3-Methylcrotonyl-Coa Carboxylase 1 Deficiency

Watchlist
Retrieved
2019-09-22
Source
Trials
Genes
Drugs

A number sign (#) is used with this entry because of evidence that 3-methylcrotonylglycinuria I (MCC1D) is caused by homozygous or compound heterozygous mutation in the gene encoding the alpha subunit of 3-methylcrotonyl-CoA carboxylase (MCCC1; 609010) on chromosome 3q27.

Also see 3-methylcrotonylglycinuria II (MCC2D; 210210), caused by mutation in the beta subunit of 3-methylcrotonyl-CoA carboxylase (MCCC2; 609014).

Clinical Features

Eldjarn et al. (1970) reported a patient with excess urinary excretion of beta-methylcrotonylglycine (MCG).

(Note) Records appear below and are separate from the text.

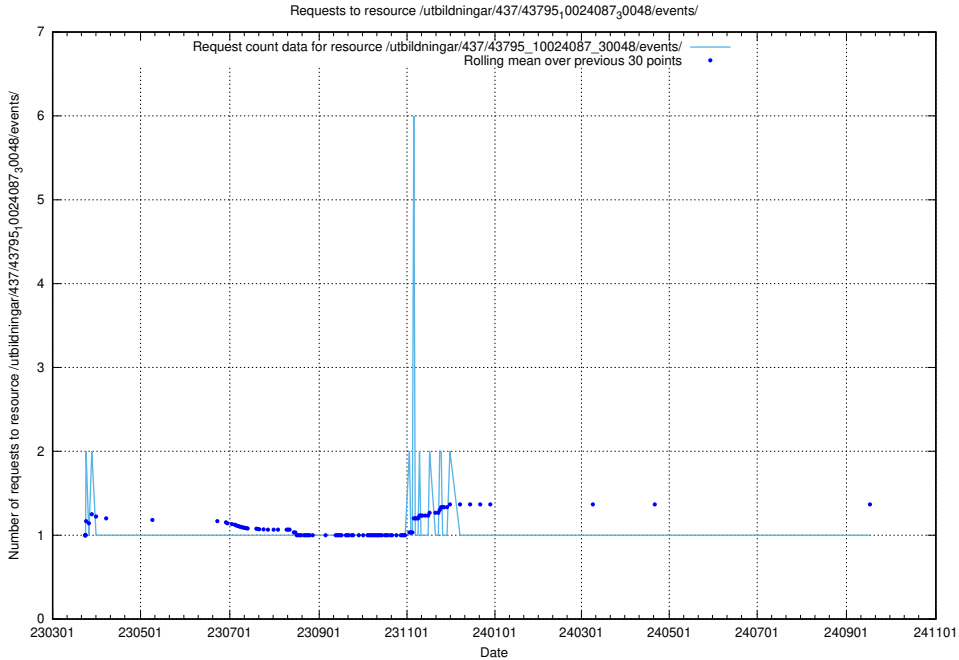

Here, we count the number of requests to resource /utbildningar/437/43796_10024100_313818/.

5.7119 Usage of /utbildningar/437/43795_10024087_30048/events/

Here, we count the number of requests to resource /utbildningar/437/43795_10024087_30048/events/.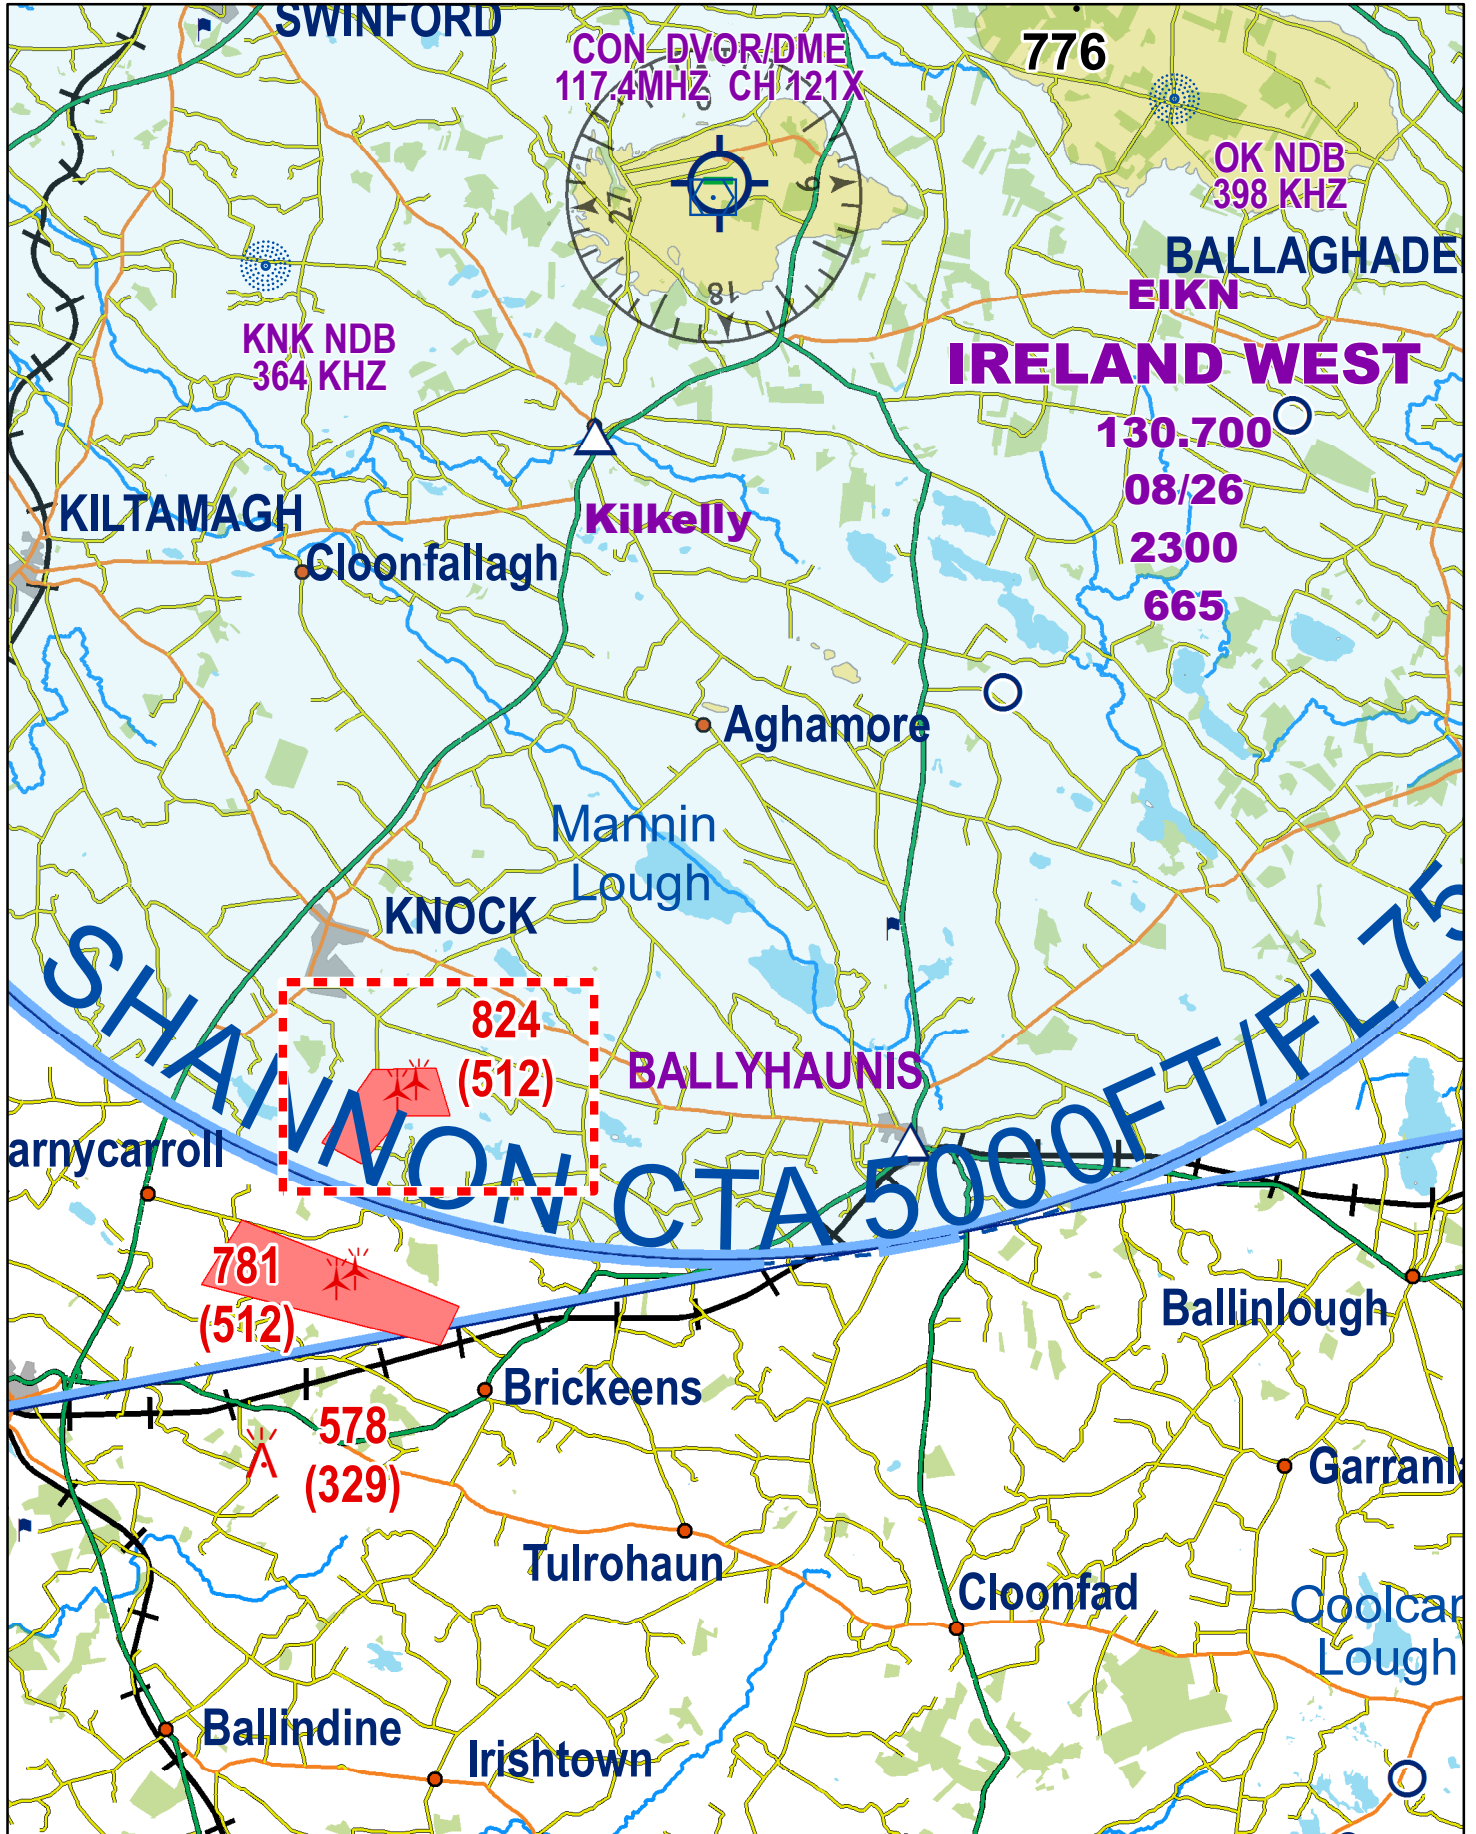

Hand Amendment: 1:500,000 & 1:250,000 West Magheramore, Co. Mayo - Wind Farm Constructed

N.B. THIS CHART IS FOR INFORMATION PURPOSES ONLY, IT SHALL NOT BE USED FOR NAVIGATION

1:130,000

Magheramore Wind Farm, County Mayo:
 Wind Farm Centroid Position: 53° 46' 03.79" N 008° 53' 59.31" W
 Height: 512ft Elevation: 824ft

[Unique ID: EISN-2019-0002]

Based on Ordnance Survey Ireland by permission of the Government Permit 7109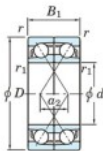

## Deep groove ball bearing single row 7322-BDF-FY-JTEKT - 7322-BDF-FY-JTEKT

<https://www.123bearing.eu/bearing-housing/deep-groove-bearing/single-row/7322-bdf-fy-jtekt>

Boundary dimensions

Single ball bearings Face to face (DF)

Bearing No.	Boundary dimensions(mm)					Basic load ratings(kN)		Fatigue load limit(kN)	factor	Limiting speeds(min-1)
	d	D	B	r1(min)	r1(max)	Cr	Cor	Cur	f0	Grease lub.
7322BDF FY	110	240	100	3	-	433	416	16.1	-	1900

## PRODUCT FEATURES

Brand	JTEKT
N° Ean13	3616060653291
Inside diameter	110 mm
Outside diameter	240 mm
Thickness	100 mm
Limiting speed	1900 rpm
Dynamic load	433 kN
Static load	416 kN
Packaging	1

[contact@123bearing.eu](mailto:contact@123bearing.eu)

The main clinical features included muscular hypotonia and atrophy, suggestive of a neurologic defect. The disorder was gradually progressive despite a diet low in leucine, which reduced excretion of the abnormal metabolites. Both parents and 2 sibs excreted one of the abnormal metabolites and were considered to be heterozygous. In a follow-up report of the patient reported by Eldjarn et al. (1970), Stokke et al. (1972) noted that biotin was of no therapeutic value. Stokke et al. (1972) identified a deficiency of beta-methylcrotonyl-CoA carboxylase.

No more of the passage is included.